# TadPole Viv



## AaronAcker (Aug 15, 2007)

well I'm expecting my cobalts to mate very soon, based on all of the "baby makin" behavior! SO I decided to create a 2.5 gallon test tadpole viv, yes may not be necessary, but what else to do right? 


Excuse the paint talent lol, sad i'm an artist for a living?










Here is the progress, have the air stone, and air tube in with the greatstuff





































SO, my questions are: what type of plants should i use in this small of a viv? probably use a mix of leaf litter and moss on top of a substrate on the false bottom?


----------



## Jungle_John (Feb 19, 2007)

thats cool i wouldnt put plants or if you realy want to id say pothos only. you can keep them in there forever and it be easy to take them out if only had leaf litter plants make every thing harder :lol:


----------



## AaronAcker (Aug 15, 2007)

Another option, is to "install" some fake leaves into the greatstuff, and only have leaf litter on the bottom, probably have no moss, though might have some riccia in the water section, and possibly on the greatstuff.... No room in the way of plants.


----------



## Rain_Frog (Apr 27, 2004)

IMO, i think that's a waste of time. Well, what happens if the tadpoles die from a disease? What will you do when you get tads of another frog? I wouldn't keep reusing it without sterilization. However, it is a nifty design.


----------



## AaronAcker (Aug 15, 2007)

I agree with everything you said. Could very well be considered a waste of time, this viv is actually going to be for 1 single tadpole. The thought behind this was completely experimental, I've been breeding freshwater (and saltwater) fish for 14 years, and have about 10 extra 2.5g tanks that are not being used my adult plakat betas. SO, I thought that this would be fun to do, mainly to see what happens, and use some of my extra materials left over from my last viv build. If the tadpoles die from a disease than they die. But death is the end result no matter where the tads die.
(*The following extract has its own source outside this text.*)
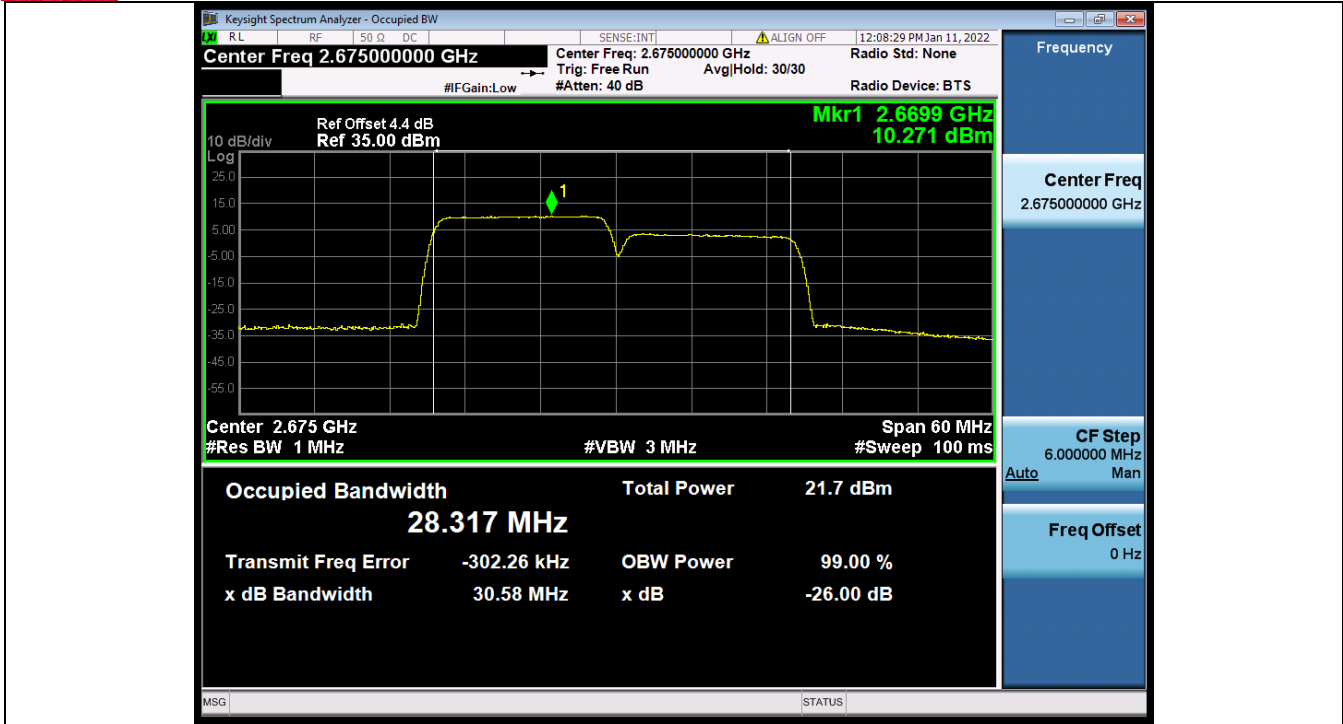

BV 7Layers Communications Technology (Shenzhen) Co., Ltd

No.B102, Dazu Chuangxin Mansion, North of Beihuan Avenue, North Area, Hi-Tech Industrial Park, Nanshan District, Shenzhen, Guangdong, China

Tel: +86 755 8869 6566

Fax: +86 755 8869 6577

Email: customerservice.sw@bureauveritas.com

After the tad morphs and is eating well, the tad will then me moved from the 2.5g, or if the tad dies, the tank will be completely stripped. Completely. Everything in the 2.5g is easily removed, and easily rebuilt. I wouldn't plan on using the viv for another frog until it was rebuilt/sterilized.


----------



## bellerophon (Sep 18, 2006)

you could always send some 2.5's my way  Nice design btw


----------



## AuratusKing (Jun 25, 2007)

hey, question. will a filter, filter out the blackwater? cuz ill have tads ready to go in a week or so. thanks


----------



## AaronAcker (Aug 15, 2007)

From what i've read, you don't need to filter tadpole water... I've seen people do partial water changes (2 week intervals for example.) but i'm not the expert on that,,, There is a really good water quality thread for tads, but like i said i don't think its necessary.


----------



## bruce (Feb 23, 2007)

*Great design but.............*

Why not just order some of the "plastic enclosures" that pound cakes come in, place a few sprigs of pothos a handful of wet sphag? Easy simply cheap and more important throw away if needed. They are called PET containers and most suppliers have them. 
Good luck B.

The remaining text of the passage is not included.